American diplomat (born 1938)

Peter Francis Tufo (born April 19, 1938) is an American former diplomat who served as the U.S. Ambassador to Hungary from 1997 to 2001, and helped found the law firm Tufo, Johnston & Zuccotti in 1970.

== Biography ==
Prior to his appointment as U.S. Ambassador to Hungary, Peter Tufo was with the law firm of Milbank, Tweed, Hadley & McCloy in New York City, specializing in mergers and acquisitions and corporate finance. Until 1996 he was a managing director of Investment Banking at Merrill Lynch & Co. advising on domestic and international corporate financing, focusing particularly on developing nations in Asia. Prior to joining Merrill Lynch, Tufo was Senior Advisor at Lazard Freres & Co., where he specialized in mergers and acquisitions and financial advisory work. He has lived in Europe and has worked and traveled extensively in Asia since 1970. In 1994 and 1995, he was a keynote speaker at The Economist magazine Asian infrastructure financing conferences in Hong Kong and Beijing.

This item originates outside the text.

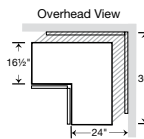

Blind Base
36"W

Pull Distance 42" minimum, 45" maximum

From 1989 to 1996, Tufo also served as unpaid chairman and chief executive officer of the New York State Thruway Authority, the largest toll road and bridge system in the U.S. Under his leadership, the Thruway Authority completed a $2,000 million new construction program, took over and revitalized the 551 mi New York State Canal System, undertook major transportation-related economic development projects throughout New York State, and completed over $5,000 million of infrastructure financings for New York State. In addition, the Authority privatized various services through public/private partnerships with the Marriott Corporation and McDonald's Corporation investing $175 million to build 26 new travel plazas. Under Tufo the Authority also developed and installed E-ZPass statewide, the nation's first non-stop electronic toll collection system.

== Early career ==
Following graduation from the Yale Law School and Beloit College, Tufo served in the United States Marine Corps. Thereafter, he joined the New York City law firm of Davis Polk & Wardwell as a corporate litigator. At the request of then-Mayor John Lindsay, he took a leave of absence from Davis Polk & Wardwell to lead investigations into corruption in city government as chief counsel to the New York City Department of Investigation. Subsequently, he was appointed Assistant to the Mayor for federal affairs and established the City's first office in Washington where he worked for three years with the Congress and the White House to pass major urban and civil rights legislation.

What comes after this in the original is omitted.